◆ EXERCISE OBJECTIVE:
Only the lines from the one containing "FEED MECHANISM, LOWER SHAFT, HOOK" to the end of the listing below are wanted, repeated exactly.

◆ DATA SHOWN:
┄┄┄┄┄┄┄┄┄┄
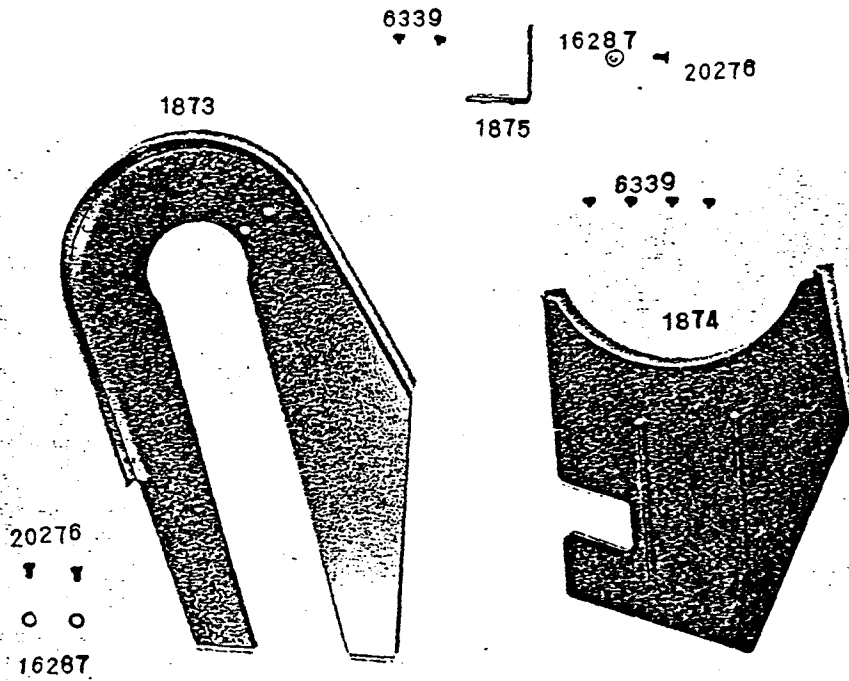

PARTS LIST FOR SKZ-6

ZIGZAG MECHANISM, ARM SHAFT

FEED MECHANISM, LOWER SHAFT, HOOK

Y Y-1860-Y Y

PRESSER BAR, NEEDLE BAR, TAKE UP LEVER, TENSION GROUP, THREAD GUIDE

COTTON STAND, KNEE LIFTER, OIL PAN

B-11176 - B

1553

8127
Knee Lifter
Complete

BELT GUARD - Optional Equipment

(set No. is 1873C)

HOOK PARTS

Cloth Puller (Model SKZ-6R)

8132

8124

1441

N1225

1871

1870

1872

4202

1440

6050
┄┄┄┄┄┄┄┄┄┄
◆ ANSWER TO THIS TASK:
FEED MECHANISM, LOWER SHAFT, HOOK

Y Y-1860-Y Y

PRESSER BAR, NEEDLE BAR, TAKE UP LEVER, TENSION GROUP, THREAD GUIDE

COTTON STAND, KNEE LIFTER, OIL PAN

B-11176 - B

1553

8127
Knee Lifter
Complete

BELT GUARD - Optional Equipment

(set No. is 1873C)

HOOK PARTS

Cloth Puller (Model SKZ-6R)

8132

8124

1441

N1225

1871

1870

1872

4202

1440

6050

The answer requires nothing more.